Which lines in the records below contain the word "Königsstuhl"? Copy each one.

>>>

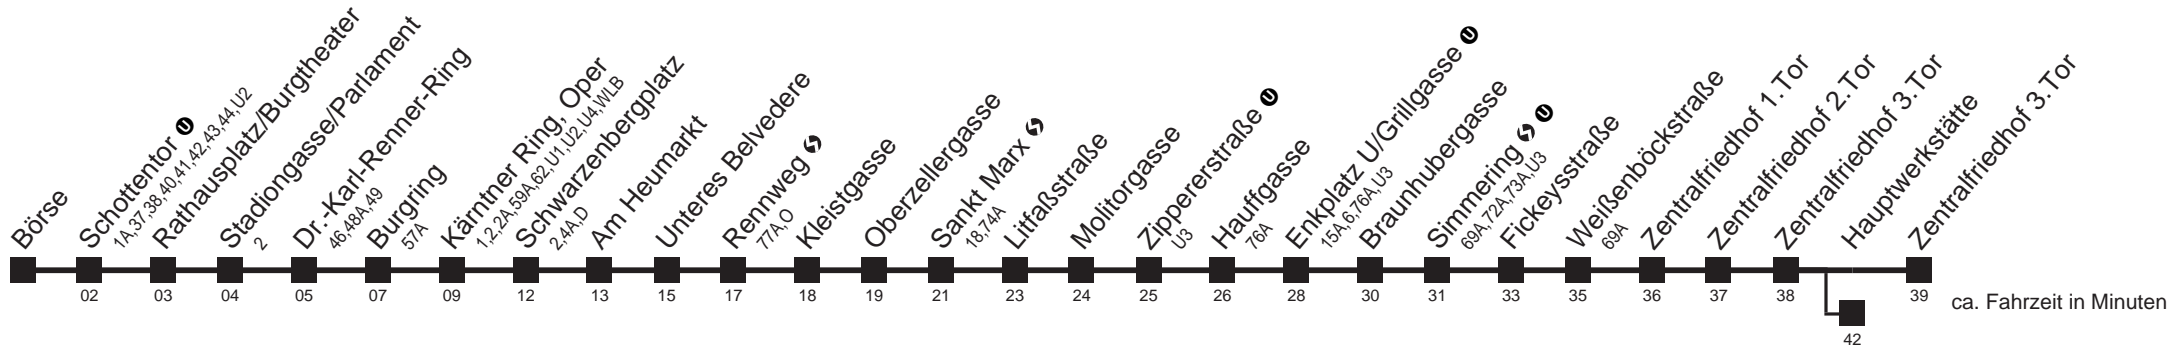

Börse → Zentralfriedhof 3. Tor

Montag-Freitag (Schule)

6	02	12	21	28	35	42	48	55			
7	01	07	13	19	24	29	35	41	47	52	57
8	02	07	12	17	22	27	32	37	43	49	55
9	01	07	13	21	28	36	43	51	58		
10	06	13	21	28	36	43	51	58			
11	06	13	21	28	36	43	51	58			
12	06	13	21	28	36	43	51	58			
13	06	13	21	28	36	43	51	58			
14	06	13	21	28	36	43	51	58			
15	04	10	17	24	30	37	44	50	57		
16	04	10	17	24	30	37	44	50	57		
17	04	10	17	24	30	37	44	50	58		
18	05	13	20	28	35	43	50	58			
19	06	13	21	28	36	43	51	59			
20	06	14	21	31	41	51					
21	01	11	21	31	41	51					
22	01	11	18	26	41	56					
23	11	26	41								

Montag-Freitag (Ferien)

6	02	12	21	28	36	43	51	58
7	06	13	21	28	36	43	51	58
8	06	13	21	28	36	43	51	58
9	06	13	21	28	36	43	51	58
10	06	13	21	28	36	43	51	58
11	06	13	21	28	36	43	51	58
12	06	13	21	28	36	43	51	58
13	06	13	21	28	36	43	51	58
14	06	13	21	28	36	43	51	58
15	05	13	20	28	35	43	50	58
16	05	13	20	28	35	43	50	58
17	05	13	20	28	35	43	50	58
18	05	13	20	28	35	43	50	58
19	06	13	21	28	36	43	51	59
20	06	14	21	31	41	51		
21	01	11	21	31	41	51		
22	01	11	18	26	41	56		
23	11	26	41					

Vom 31.12. auf 1.1. durchgehender Betrieb
 Am 24.12. Verkehr wie samstags, ab ca. 19.00 Uhr Intervall alle 15 Minuten
 Am 31.12. Verkehr wie samstags bis Fickeysstraße bis Hauptwerkstätte

Holen Sie sich die
aktuellen Abfahrtszeiten
auf Ihr Handy!
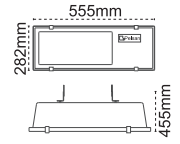

Tünel 250-400W
Alüminyum Enjeksiyon

IP 65

Kod No	Özellikler	Koli Adedi	Fiyat
104327	250W MH/SB E40	1	154,40 $
104329	400W SB E40	1	160,70 $
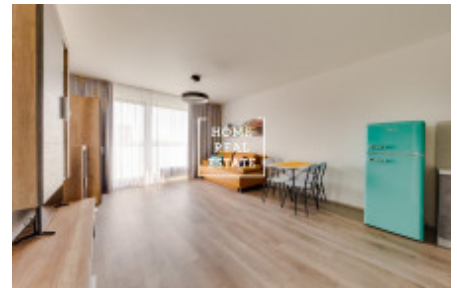

HOME
REAL
ESTATE

Pronájem bytu 2+kk, 57 m² - Nekvasilova, Praha 8

ID
Nabídka
Skupina
Zařízený
Lokalita
Vlastnictví
Užitná plocha
Město
Okres
Městská část

[32129](#)
Pronájem
2+kk
Zařízeno
Nekvasilova 569/25, 186 00
Praha 8-Karlín, Чехия
Osobní
57 m²
[Praha](#)
[Praha 8](#)
[Karlín](#)
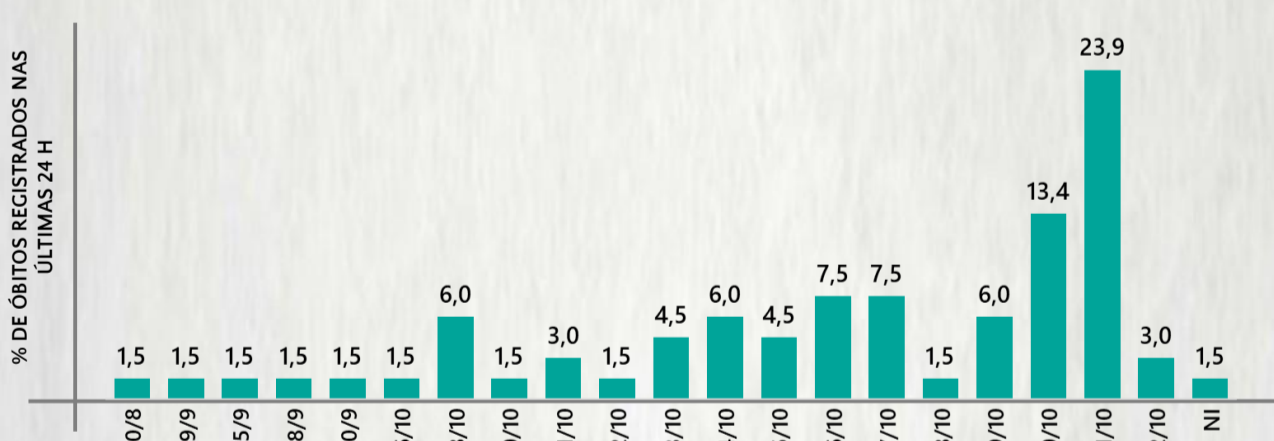

2 PERFIL EPIDEMIOLÓGICO DOS ÓBITOS CONFIRMADOS DE COVID-19, MG, 2020

POR SEXO

COMORBIDADE *

75% dos óbitos com comorbidade

POR FAIXA ETÁRIA

Média de idade dos óbitos confirmados*: 71 anos

79% com 60 anos ou mais

RAÇA/COR

Nº DE MUNICÍPIOS COM ÓBITO

647

LETALIDADE

2,5%

ÓBITOS REGISTRADOS NAS ÚLTIMAS 24 HORAS, POR DATA DE OCORRÊNCIA

*O aumento no número de óbitos registrados nas últimas 24h pode não representar um aumento na transmissão, mas a qualificação do sistema de informação, com encerramento de óbitos ocorridos anteriormente e que estavam em investigação.

NI = Data de Evolução não informada.

Fonte: SIVEP-Gripe. Sala de Situação/SubVS/SES-MG. Dados parciais, sujeitos a alterações. Atualizado em 23/10/2020.

3 DADOS DE HOSPITALIZAÇÃO E ISOLAMENTO DOMICILIAR DOS CASOS CONFIRMADOS DE COVID-19, MG, 2020
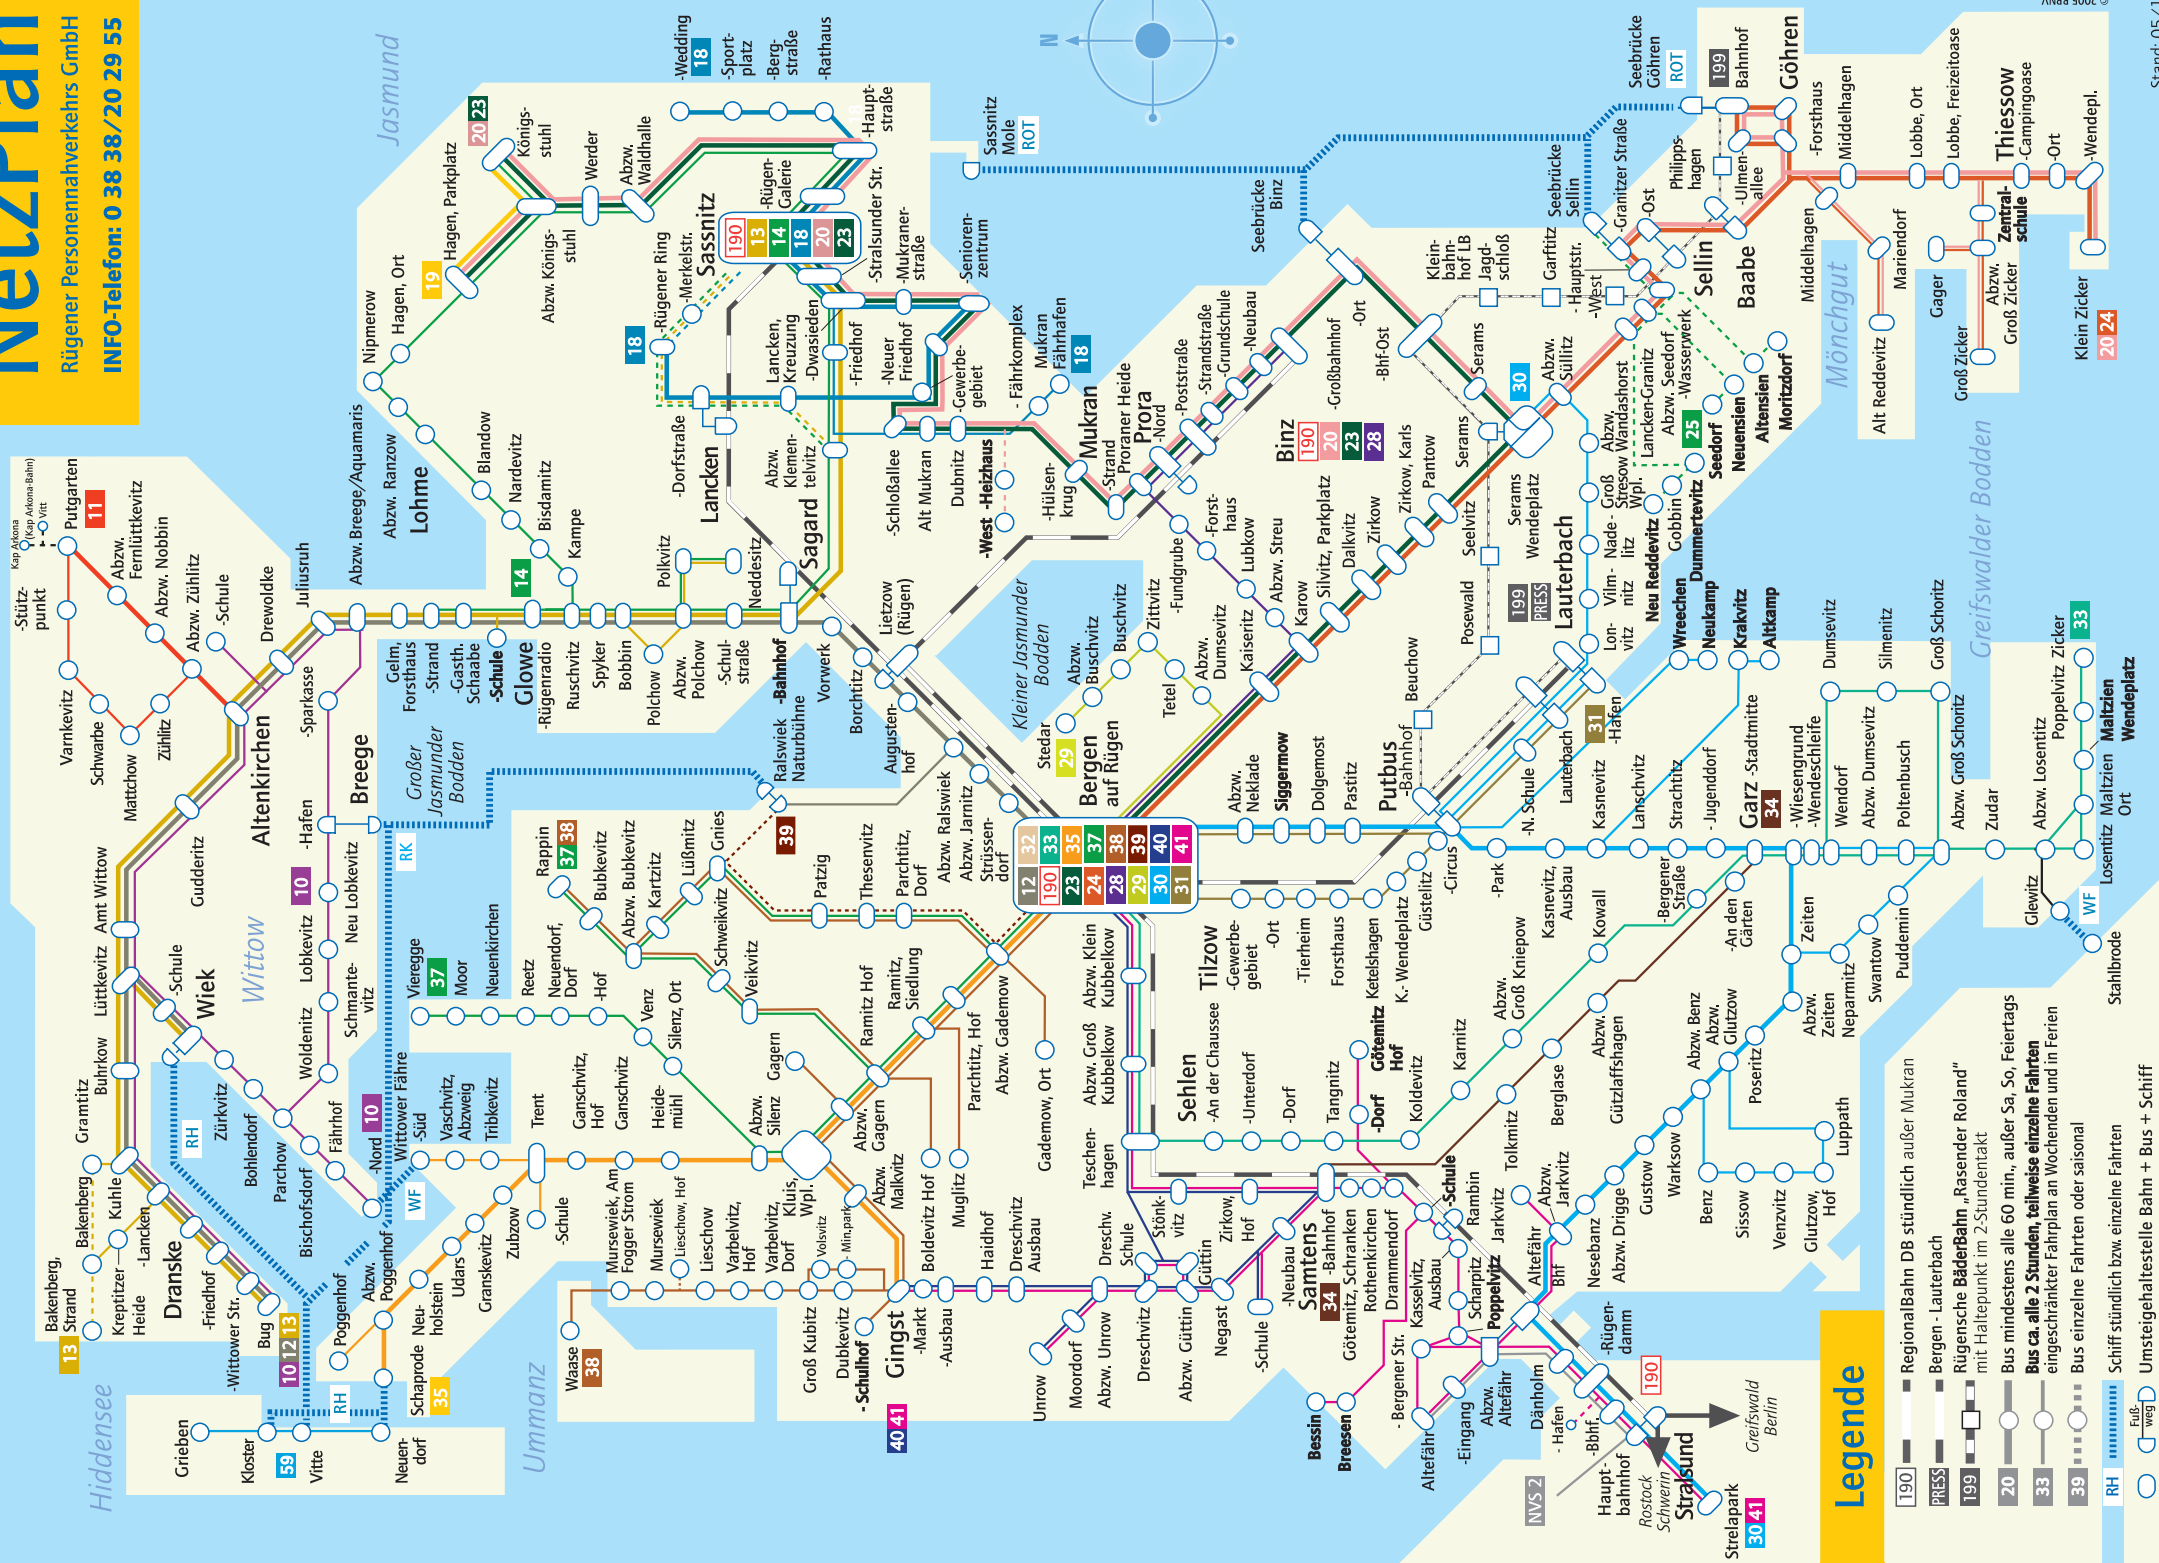

REEDEREI
HIDDENSEE

SWS
Unternehmensgruppe
Stadtwalke Stralsund

Herausgeber:

Rügener Personennahverkehrs GmbH

Tilzower Weg 33, 18528 Bergen auf Rügen

Info-Telefon: 03838 / 202955

Linienübersicht

10	Wiek-Altenkirchen-Breege-Dranske
11	Altenkirchen-Putgarten / Kap Arkona
12	Bergen-Sagard-Dranske-Bug
13	Sassnitz-Sagard-Wiek-Dranske-Bug
14	Sassnitz-Königsstuhl-Glowe-Sagard-Sassnitz
18	Stadtverkehr Sassnitz (bis Fährhafen Mukran)
19	Pendelbus Parkplatz Hagen - Königsstuhl
20	Königsstuhl-Sassnitz-Binz-Göhren-Klein Zicker
23	Königsstuhl-Sassnitz-Binz-Bergen
24	Bergen-Sellin-Göhren-Klein Zicker
25	Ortsbus Sellin
28	Bergen-Binz-Bergen/Sassnitz
29	Bergen-Stedar-Bergen
30	Bergen/Serams-Putbus-Garz-Stralsund
31	Bergen-Tilzow-Ketelhagen-Lauterbach, Hafen
32	Stadtverkehr Bergen
33	Bergen-Sehlen-Garz-Zicker
34	Garz-Samtens
35	Bergen-Gingst-Trent-Schaprode/Wittower Fähre
37	Bergen-Vieregge
38	Bergen-Gingst-Waase (Ummann)

39	StörtebekerBus nach Ralswiek (saisonal)
40	Bergen-Samtens-Gingst
41	Bergen/Gingst-Samtens-Stralsund
59	Inselbus Hiddensee

SWS Nahverkehr GmbH

SWS 2
Altefähr-Stralsund

Rügensche BäderBahn

199
Lauterbach Mole-Putbus-Binz-Göhren

Deutsche Bahn AG

190
Sassnitz-Bergen-Stralsund

190
Binz-Bergen

Eisenbahn-Bau- und Betriebsgesellschaft

Pressnitzalbahn mbH (PRESS)

198
Bergen-Putbus-Lauterbach Mole

Reederei Hiddensee

R.H.
Schaprode-Hiddensee-Schaprode

Weißer Flotte

W.F.
Wittower Fähre und Glewitzer Fähre

Reederei Kipp

R.K.
Ralswiek-Breege-Hiddensee

Legende

- 190** Regionalbahn DB stündlich außer Mukran
- PRESS** Bergen - Lauterbach
- 199** Rügensche Bäderbahn „Rasender Roland“ mit Haltepunkt im 2-Stundentakt
- 20** Bus mindestens alle 60 min., außer Sa, So, Feiertags
- 33** Bus ca. alle 2 Stunden, teilweise einzelne Fahrten eingeschränkter Fahrplan an Wochenend und in Ferien
- 39** Bus einzelne Fahrten oder saisonal
- RH** Schiff stündlich bzw. einzelne Fahrten
- Ewg** Schiff stündlich bzw. einzelne Fahrten
- weg** Umsteigehaltestelle Bahn + Bus + Schiff

<<<

### Result
14	Sassnitz-Königsstuhl-Glowe-Sagard-Sassnitz
19	Pendelbus Parkplatz Hagen - Königsstuhl
20	Königsstuhl-Sassnitz-Binz-Göhren-Klein Zicker
23	Königsstuhl-Sassnitz-Binz-Bergen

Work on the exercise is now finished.